(Source data)
%%

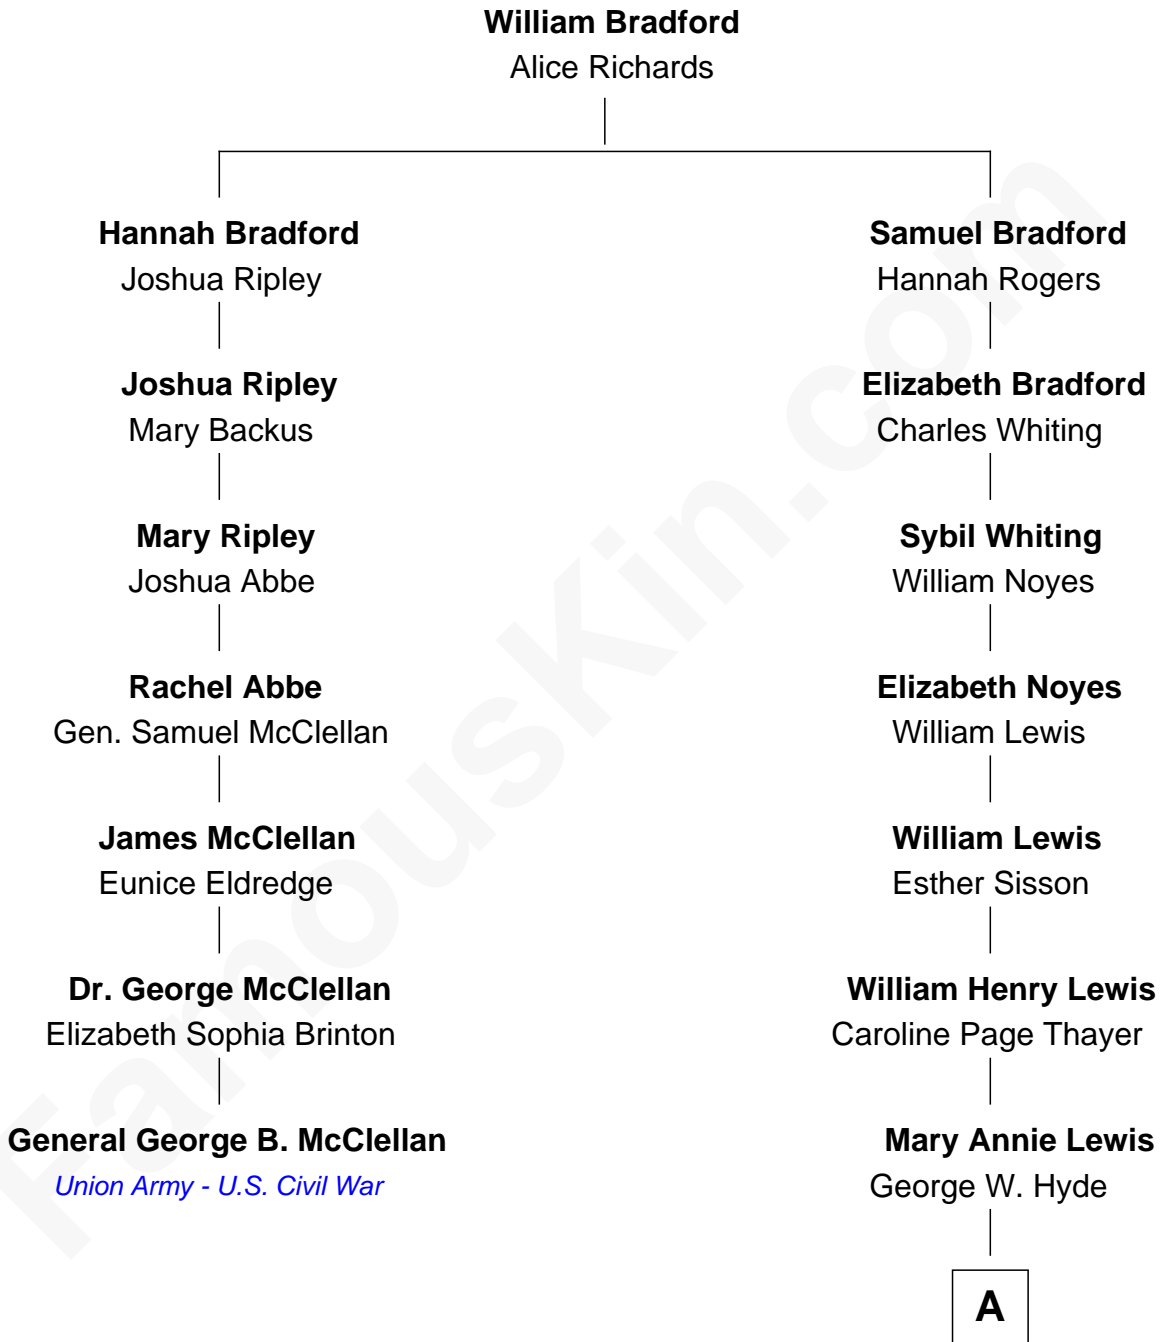

**FamousKin.com**  
**Relationship Chart of**  
**General George B. McClellan**  
*Union Army - U.S. Civil War*

6th cousin 3 times removed of

**David Hyde Pierce**  
*Stage, TV, and Movie Actor*

**A**

**Helen E. Hyde**  
Arthur J. Pierce

**George Hyde Pierce**  
Laura Marie Hughes

**David Hyde Pierce**  
*Stage, TV, and Movie Actor*

FamousKin.com

%%

### INSTRUCTIONS TO FOLLOW
Check each line of the data above, and please copy the ones in which the string "George" occurs.

### RESPONSE TO THE EXERCISE
**General George B. McClellan**  
**George Hyde Pierce**  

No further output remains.